The release of “I Used to Know Her” arrives ahead of her hotly-anticipated debut album which is slated to be released later this year.
This compilation mixtape features previously released tracks like “Hard Place” and “I’m Not OK” as well as new ones like the dreamy “Something Keeps Holding Me Back” and “Good to Me” that feature the young artist’s unyielding vocal and instrumental talent.
As previously reported by the Asian Journal, H.E.R. nabbed two Grammy Awards: Best R&B Album for the titular EP “H.E.R.” and Best R&B Performance for the song “Best Part” with Daniel Caesar at the Grammy Awards ceremony in February.
In April she headlined a stage at the Coachella Music and Art Festival and has since been taking the music festival circuit by storm, performing at Lollapalooza in Chicago, Essence Fest in New Orleans and the B.E.T. Experience in Los Angeles.
She’s even curated her own music festival, the Lights On Festival, which promises performances from big names in R&B like herself, Caesar, Jhene Aiko, Ari Lennox and more. The festival will be held at the Concord Pavilion in Concord, California on Saturday, September 14.
In the age of social media and increased access to celebrities’ personal lives, H.E.R. has maintained a unique, largely anonymous persona, which is intentional.
Earlier this year in a profile for the Asian Journal, the half-Filipina, half-black music prodigy noted that for her, the music always comes first, and that “the gimmicks, the looks, the glitz…don’t really matter to me.”
“I definitely don’t try to do what everyone else is doing at the moment,” she said. “I try to trust my gut and trust what’s got me this far, which were honest songs that I was afraid to do.
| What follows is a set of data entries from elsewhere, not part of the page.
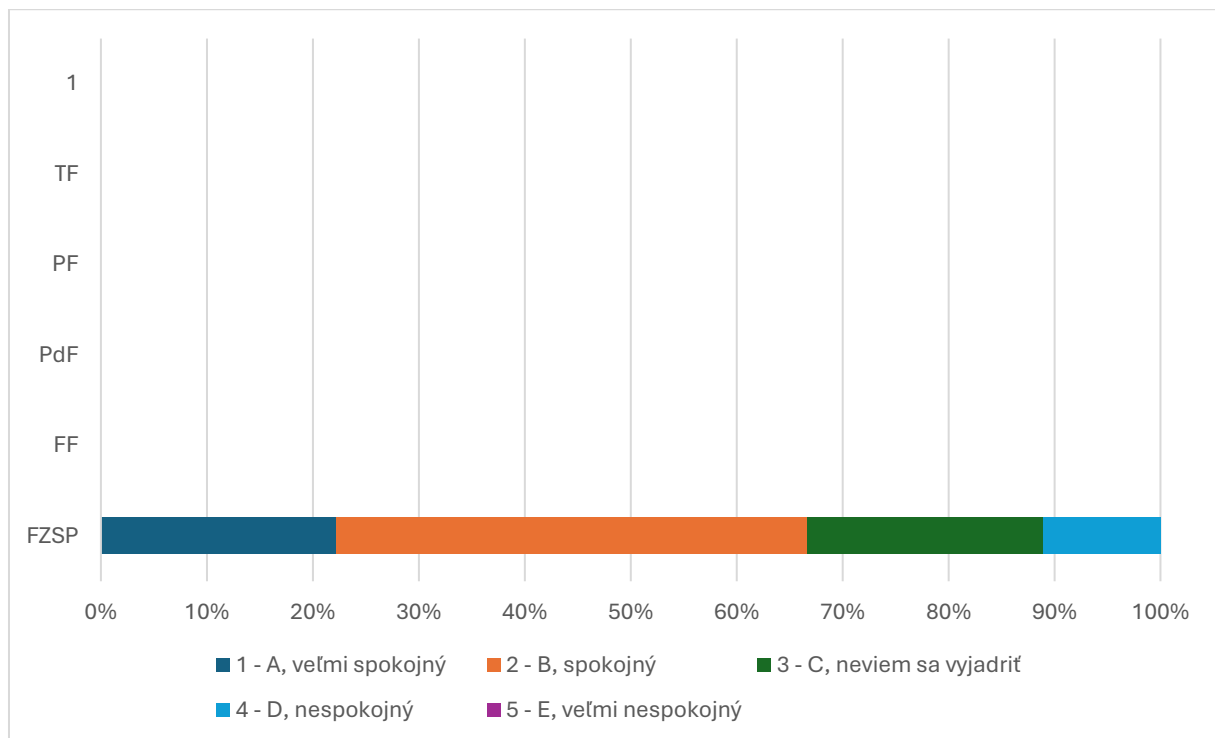

6.6 Ako hodnotíte fakultu Trnavskej univerzity, na ktorej ste študovali, podľa vybraných kritérií? - Reputácia vysokej školy

Odpoveď	FZSP	FF	PdF	PF	TF	1
1 - A, veľmi spokojný	4					42
2 - B, spokojný	8					32
3 - C, neviem sa vyjadriť	4					20
4 - D, nespokojný	2					3
5 - E, veľmi nespokojný	0					0
SPOLU	18					97
"Priemerná" odpoveď	2					2

Súhrnné vyhodnotenie – Fakulty TU a TU spolu

Sometimes the most daring thing — the thing that you’re most afraid to do — is the thing that’s gonna get you from point A to point B. You have to dare to take risks and dare to be you. When you try to be successful trying to be someone else, the success eventually runs out.”
“I Used to Know Her” is available now on Apple Music, Spotify, Tidal or wherever you stream music.